Quantifying Oxalate Levels in Swiss Chard
Swiss chard is consistently ranked as a very high-oxalate food, with a significant portion of its total oxalate content present in the readily absorbable, soluble form. Raw Swiss chard leaves can contain total oxalate levels ranging from approximately 874 milligrams to over 1,450 milligrams per 100-gram serving. To put this in perspective, some health professionals recommend that people prone to kidney stones limit their daily total oxalate intake to less than 50 milligrams.

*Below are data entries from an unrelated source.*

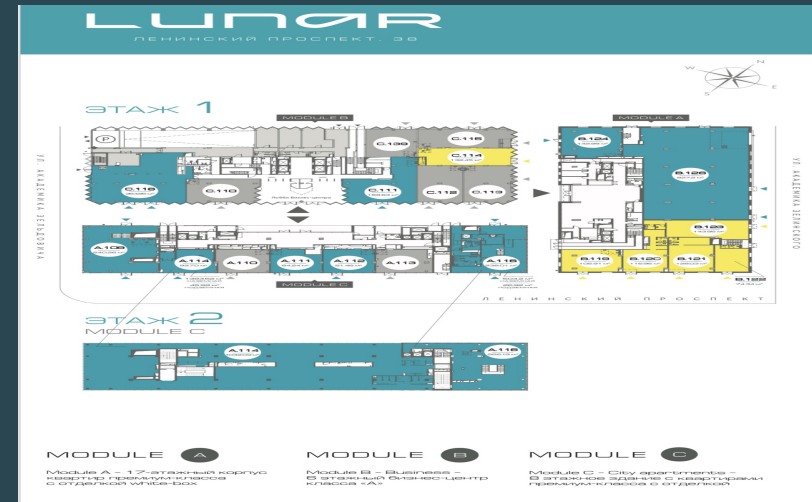

LUNAR

ЛЕНИНСКИЙ ПРОСПЕКТ, 38

ЭТАЖ 1

овалао

аладаб

2 020 \$

161 м2

MODULE B

MODULE C

Module A – 17-этажный корпус
квартир премиум-класса
с отделкой white-box

Module B – Business –
6-этажный бизнес-центр
класса «А»

Module C – City apartments –
8-этажное здание с квартирами
премиум-класса с отделкой

Стоимость за м²: 13 \$

Спальни: 1

Этаж: 1

ЛУНЧАР

ЛЕНИНСКИЙ ПРОСПЕКТ, 38

ЭТАЖ 1

ЭТАЖ 2

MODULE A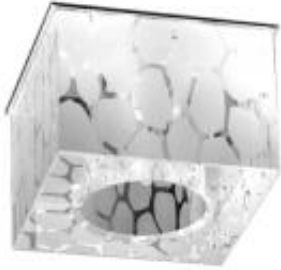

Dane aktualne na dzień: 05-04-2025 11:19

Link do produktu: <https://lumina.sklep.pl/cristaldream-oczko-sufitowe-1xg4-20w-12v-5132101-p-33844.html>

Cristaldream oczko sufitowe 1xG4 20W 12V 5132101

Cena	39,00 zł
Dostępność	Do wyczerpania zapasu
Czas wysyłki	Na zapytanie
Numer katalogowy	28005
Kod producenta	5132101
Producent	Spotlight

Opis produktu

Szerokość: 70 mm
Głębokość: 70 mm
Wysokość: 67 mm
Otwór montażowy średnica: 50 mm
Materiał: metal, szkło
Kolor wykończenia: chrom, transparentny
Zasilanie: 12 V (niezbędny odpowiedni transformator 230 V / 12 V)
Źródło światła: 1 x 20 W G4 12 V (żarówka halogenowa lub źródło LED)
Stopień IP: 20
Klasa ochrony: III

W zestawie żarówka halogenowa G4 20 W 260 lm.

The specific oxalate content can vary based on factors like the plant’s age, cultivar, and growing conditions. However, raw Swiss chard is firmly in the high-risk category for individuals sensitive to oxalates. A considerable amount of the oxalate in chard is in the soluble form, which is the fraction most affected by cooking.
The distinction between raw and cooked chard is substantial when considering oxalate intake. Once cooked, the oxalate content is drastically reduced due to the compound’s water-soluble nature. Studies show that boiling can reduce the soluble oxalate content in Swiss chard leaves by 84% to 85%. This demonstrates that the preparation method is a tool for managing the vegetable’s oxalate load.
Preparation Methods to Reduce Oxalate Content
Cooking is the most effective method for lowering the oxalate content of Swiss chard, primarily by reducing the amount of soluble oxalate. The water-soluble nature of the compound means that when the chard is exposed to boiling water, the oxalates leach out of the leaves and into the liquid. To maximize the reduction, it is necessary to discard the cooking water after boiling, as the oxalates remain suspended in this liquid.
Boiling is generally considered more effective than steaming for high-oxalate greens like chard because the greater volume of water allows for more efficient leaching. Research shows that while boiling can remove up to 85% of the soluble oxalates, steaming typically removes less. For the greatest benefit, the chard should be chopped before boiling. Chopping increases the surface area exposed to the water, facilitating the leaching process.
Another strategy involves combining Swiss chard with a source of calcium at the time of the meal. When calcium-rich foods like milk, cheese, or a calcium supplement are consumed alongside high-oxalate foods, the calcium binds to the oxalate in the stomach and intestines. This binding forms insoluble calcium oxalate before the compound can be absorbed, meaning it is passed out of the body in the stool. This pairing diverts the oxalate away from the urinary tract.
Comparing Swiss Chard to Other High-Oxalate Vegetables
Swiss chard is not alone in its high oxalate concentration; it is often grouped with spinach and beet greens as one of the three highest-oxalate leafy vegetables. Raw spinach can contain around 970 milligrams of oxalate per 100 grams, a level comparable to the lower end of the Swiss chard range. However, some studies place the oxalate content of raw chard at a level that can exceed raw spinach, sometimes reaching over 1,400 milligrams per 100 grams.
Other foods commonly recognized for their high oxalate content include rhubarb stalks, which contain approximately 800 milligrams per 100 grams, and beetroots. Dark chocolate, nuts like almonds and cashews, and wheat bran are also known sources of high dietary oxalate. Understanding where Swiss chard ranks helps to contextualize its consumption, as it is among the most potent sources of the compound.
The key difference between these high-oxalate greens and other healthy vegetables like kale, cabbage, or collard greens is the magnitude of the oxalate load. Kale, for example, contains hundreds of times less oxalate than spinach or chard, placing it in the low-oxalate category. Individuals with a history of kidney stones may need to limit the “big three” high-oxalate greens, including Swiss chard.